Among the changes included in the legislation is a reduction in the frequency with which the Farm Credit Administration (FCA) is required to conduct audits of low-risk farm credit institutions from every 18 months to every 24 months. The representatives called this change a “straightforward, six-month extension” that would provide rural lenders with more bandwidth to serve the needs of their customers.

The Independent Community Bankers of America (ICBA) and state community banking associations recently sent a letter to House leaders, urging them to consider their recommended changes to the bill as it makes its way through Congress. 

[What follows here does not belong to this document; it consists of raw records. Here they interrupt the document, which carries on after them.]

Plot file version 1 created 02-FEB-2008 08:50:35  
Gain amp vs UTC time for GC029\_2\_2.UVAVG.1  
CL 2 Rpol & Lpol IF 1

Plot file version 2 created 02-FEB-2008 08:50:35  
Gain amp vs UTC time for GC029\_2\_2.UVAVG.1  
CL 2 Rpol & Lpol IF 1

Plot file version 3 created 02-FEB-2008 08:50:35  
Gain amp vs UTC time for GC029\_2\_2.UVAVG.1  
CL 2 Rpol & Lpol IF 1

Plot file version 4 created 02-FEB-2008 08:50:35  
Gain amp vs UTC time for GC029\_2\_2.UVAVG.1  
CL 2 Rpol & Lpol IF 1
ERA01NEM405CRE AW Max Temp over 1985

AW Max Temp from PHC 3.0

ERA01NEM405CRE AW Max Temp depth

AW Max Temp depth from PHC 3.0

“We believe the current USDA guaranteed loan limits are out of touch with the needs of farmers and ranchers,” the trades wrote. “We support raising the loan caps to $3.5 million for guaranteed ownership and $3 million for operating loans. Raising loan limits will allow commercial lenders to continue meeting the needs of small to mid-size family farmers and ranchers.”

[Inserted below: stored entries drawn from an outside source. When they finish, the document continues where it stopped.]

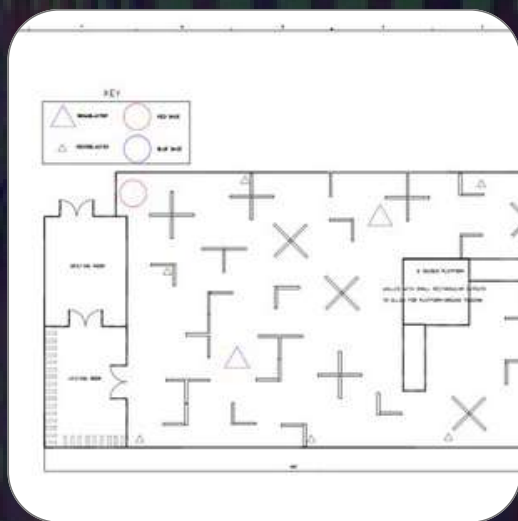

If you choose to construct your own arena, LaserBlast will provide a fun, functional, and competitive layout tailored to your available space using our 3D modeling software and extensive experience. This is the least expensive option and tends to make sense for smaller markets. You will be provided with an arena package, including partition layouts & details, electrical requirements, and suggested audio / special effects. We still recommend having the arena themed or painted by a professional. We can suggest an experienced laser tag artist, or you can hire a local artist.
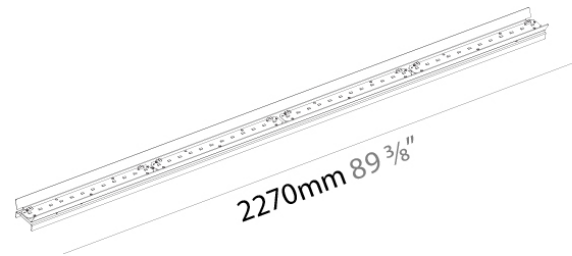

PROJECT
TYPE
NOTES
QUANTITY
DATE

A3ID75-TRI-SYS COMPONENTS

A38163-

DESCRIPTION

Idaho 75 System - Idaline Light Insert - 2270mm / 89 3/8" - 39.2W LED (Zhaga Standard) - 3000K / 3500K / 4000K - CRI:90

GENERAL

Series: Idaho
Subseries: Idaho 75
Brand: Prolicht
Division: Architectural
Mounting Location: Ceiling

PHYSICAL

Shape: Rectangle
Length (mm): 2270
Length (in): 89 3/8
Width (mm): 60
Width (in): 2 3/8
Height (mm): 50
Height (in): 1 15/16
Light Distribution: Direct
Weight (kg): 3.162
Weight (lbs): 6.97
Fixture Material: Metal

ELECTRICAL

Input Wattage Range: 30 - 49 W
Lamp Type: LED (Zhaga Standard)
Input Wattage (W): 39.2
Total Output Wattage (W): 35.6 / 25.6 (3500K)
Dimming: 0-10V Dimming / Phase Dimming (120Vac Only)
Driver Included: Yes
Driver Location: Integrated
Driver Type: Constant Current - 120 / 277Vac
Driver Class: Class 2
Input Voltage (V): 120 - 277
Constant Current (mA): 350 / 800 (3500K)

LED

Delivered Lumen Range: 3000 - 4999 lm
Color Temperature (°K): 3000 / 3500 / 4000
Max. Delivered Lumen (lm): 3445 / 3507 / 3579
Nominal Lumen (lm): 5173 / 5266 / 5373
CRI: >90 CRI
Efficiency (%): 0.59
Lamp Life (hrs): 50000
Upon Request: Special Color Temperature RGB-W Tunable White CRI (no minimum qty) price increase + longer lead time

RATINGS AND CERTIFICATIONS

Certified By: Certified for North American Standards
IP rating: IP20
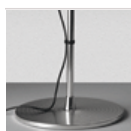

PRODUCT DATA SHEET

Tolomeo Terra

Base and cantilevered arms in polished aluminium; diffuser in opaque anodized aluminium adjustable in all directions; joint in polished aluminium. System of spring balancing.

Accessories

Code
 TOLOMEO TERRA BASE + ASTA A012820

TOLOMEO LETT BASE ALL

A014900

Designers

Michele De Lucchi

Giancarlo Piretti

Additionally, the approximately 50,000 community banks represented by the collective trade groups urged Congress to incorporate another bipartisan measure, H.R. 5877, the “USDA Express Loan Act” into the farm bill. The letter asserts that the program described in the measure could act as an advance of up to $1 million against a producer’s overall guaranteed loan and would provide for much quicker approval than a traditional USDA loan.

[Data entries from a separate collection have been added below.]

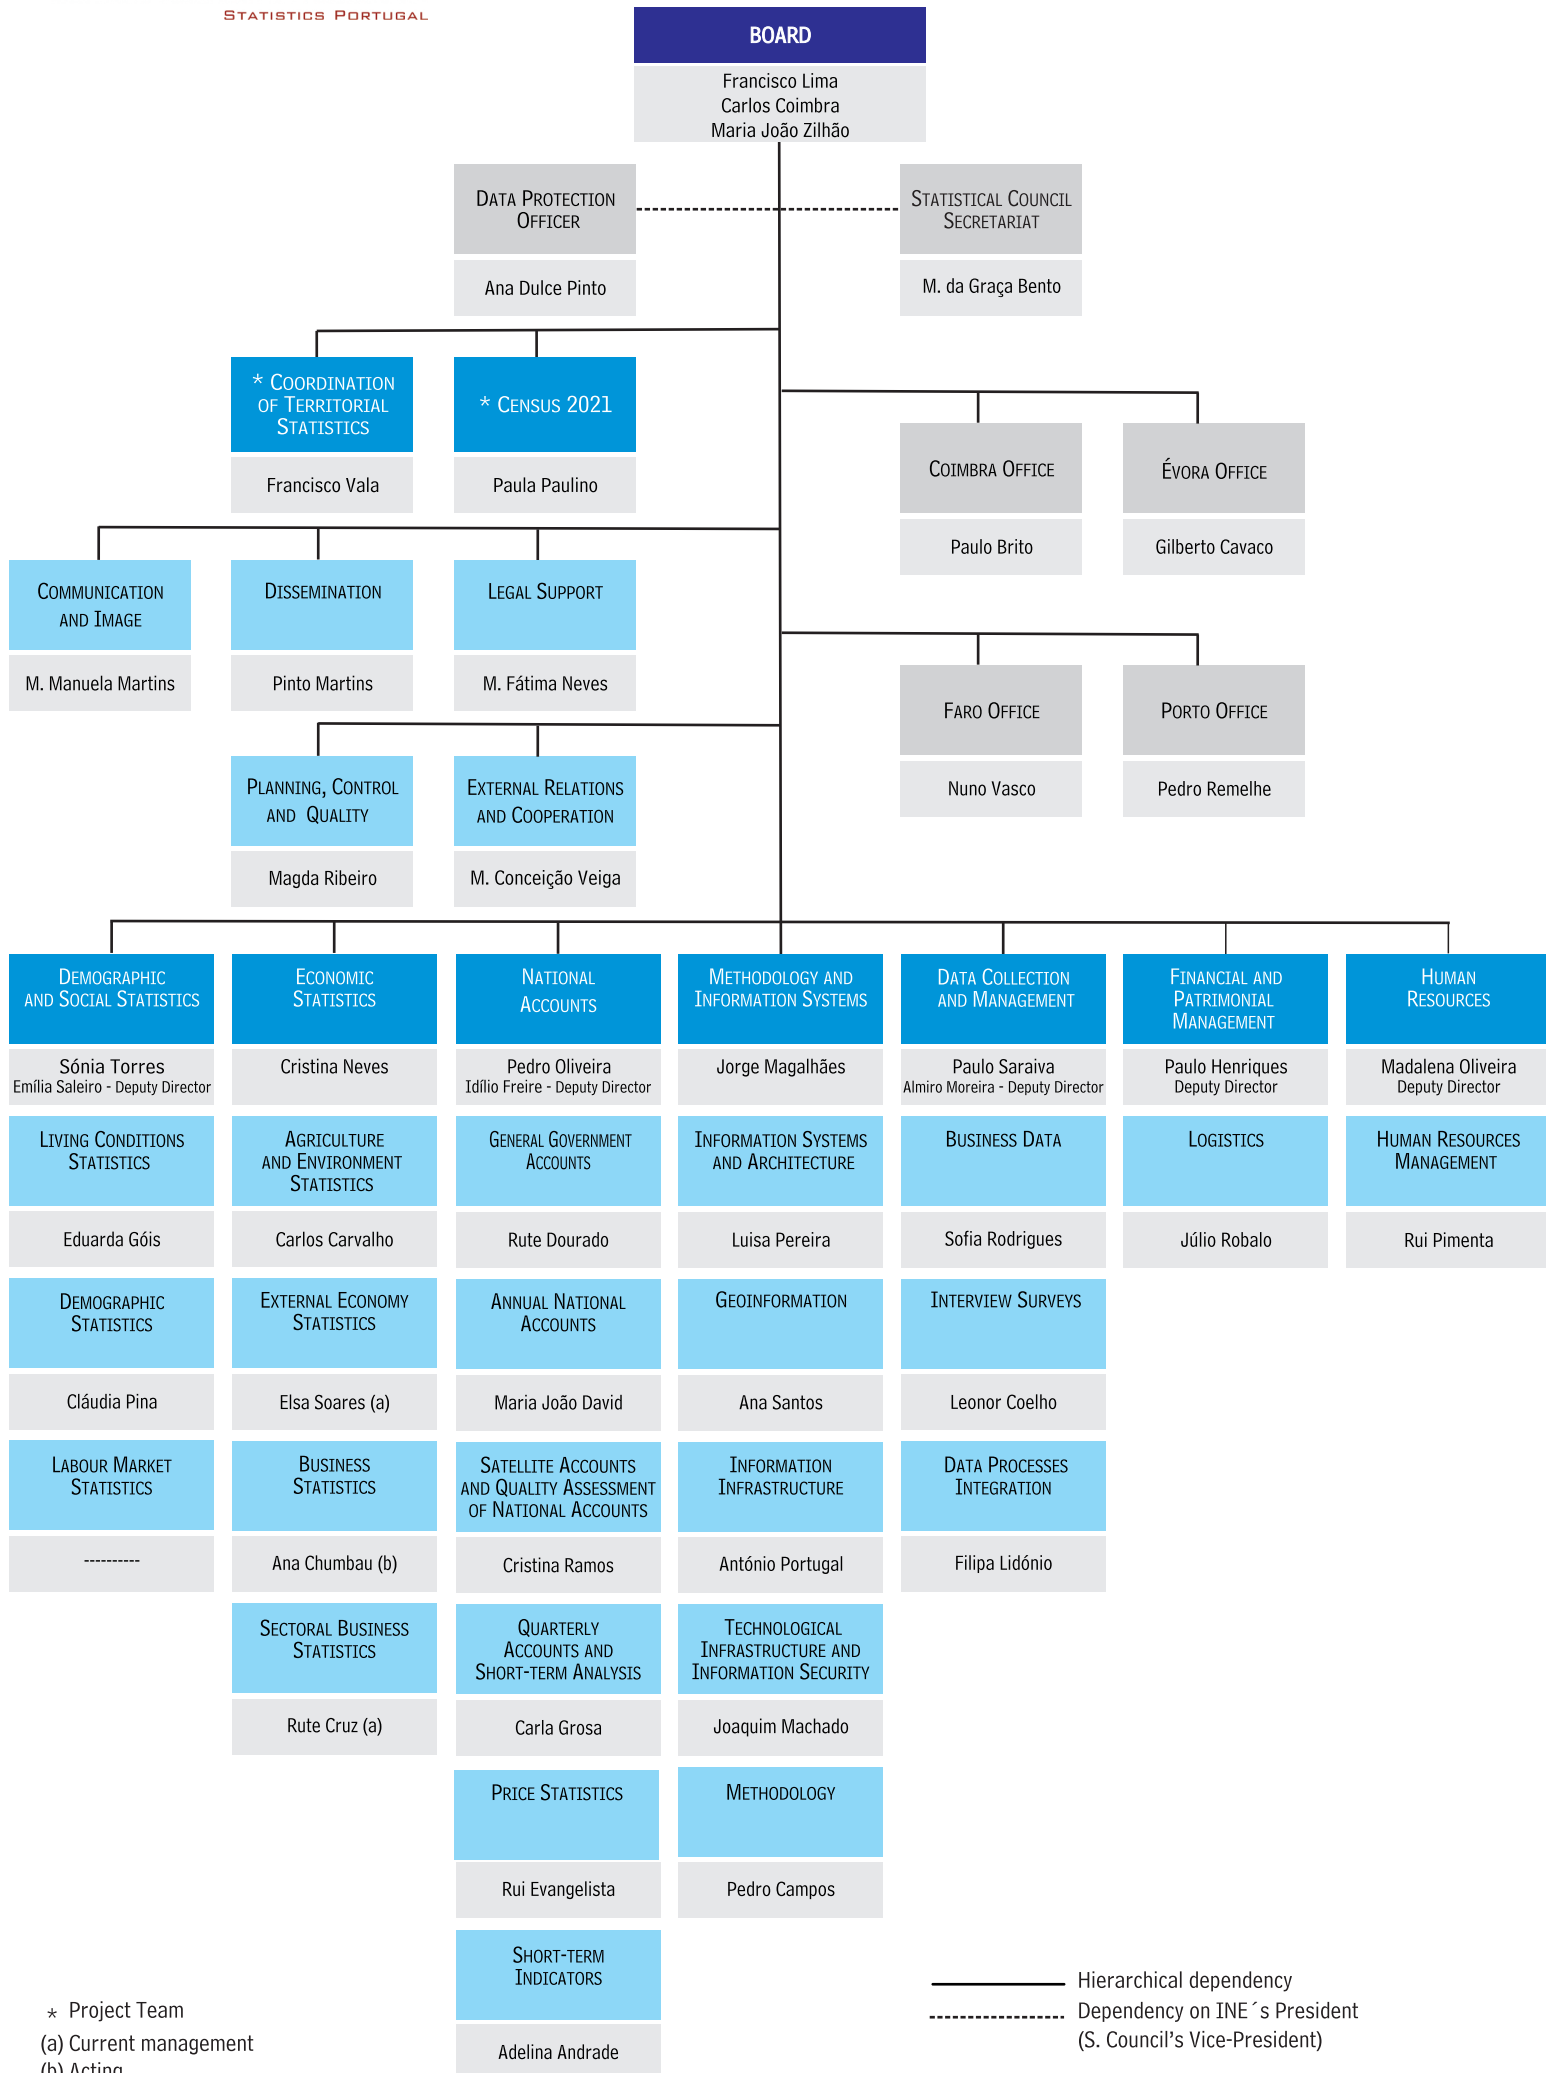

# Statistics Portugal - INE

June 2019

INSTITUTO NACIONAL DE ESTATÍSTICA  
STATISTICS PORTUGAL

\* Project Team  
(a) Current management  
(b) Acting

———— Hierarchical dependency  
----- Dependency on INE's President  
(S. Council's Vice-President)

The trades detailed concerns that the reduction in the examination cycle for rural institutions, as described in the legislation, would create a discrepancy in market competition standards.

“We understand that exams can be costly and burdensome for any institution; however, exams on rural community banks are more arduous given their smaller staffing levels and limited resources,” the trades wrote. “Banks and FCS institutions should be on the same exam timeline, otherwise competitive advantages are given to the FCS. The combination of these FCS non-farm lending grabs represents an assault on the community bank industry which will lead to fewer community banks serving rural America and thus fewer access points for rural Americans to obtain credit.”

The trade groups detailed their strong opposition to the bill’s policies aimed at expanding the non-farm financing authorities of the Farm Credit System (FCS) to increase the among of financing available to essential community facilities (ECF) from 10 percent of total loans to 15 percent of assets. The letter notes that the provision would allow for a potential increase of 75 percent to 100 percent or more and would remove the regulator’s authority to grant approval on a case-by-case basis.

“Contrary to what the FCS stated in their 2023 Senate Agriculture Committee testimony, the proposal does not require participation with local community banks,” the trades wrote. “Additionally, we oppose efforts to increase FCS lending to non-farm businesses including those that only tangentially service aquaculture. We also question the need for expanded FCS equity financing for non-farm purposes. These are community bank loans that would be siphoned away, into the swelling portfolios of a largely tax-exempt government-sponsored enterprise with significant tax and funding advantages over community banks.”

Community bankers expressed support for the bill’s provisions exempting rural institutions from the CFPB’s 1071 small business lending rule, as well as a congressional resolution to overturn the 1071 regulation, which passed in both the Senate and House but was vetoed by the president in December.

“However, we oppose a special carve-out allowing the FCS to only supply data related to sex, gender and ethnicity, three data points, when community banks must comply with 81 data points regarding their customers,” the trades wrote. “Community bank agriculture lenders should receive the same or similar compliance regime as the FCS. FCS’s carve-out would also only apply to their definition of a ‘small farmer,’ specifically those with less than $250,000 in annual income. The CFPB’s definition would apply to institutions of $5 million or less.”

The 2024 farm bill is intended to replace the 2018 farm bill, which is set to expire in September, following an extension proposed by Congress and approved by the Biden administration in November.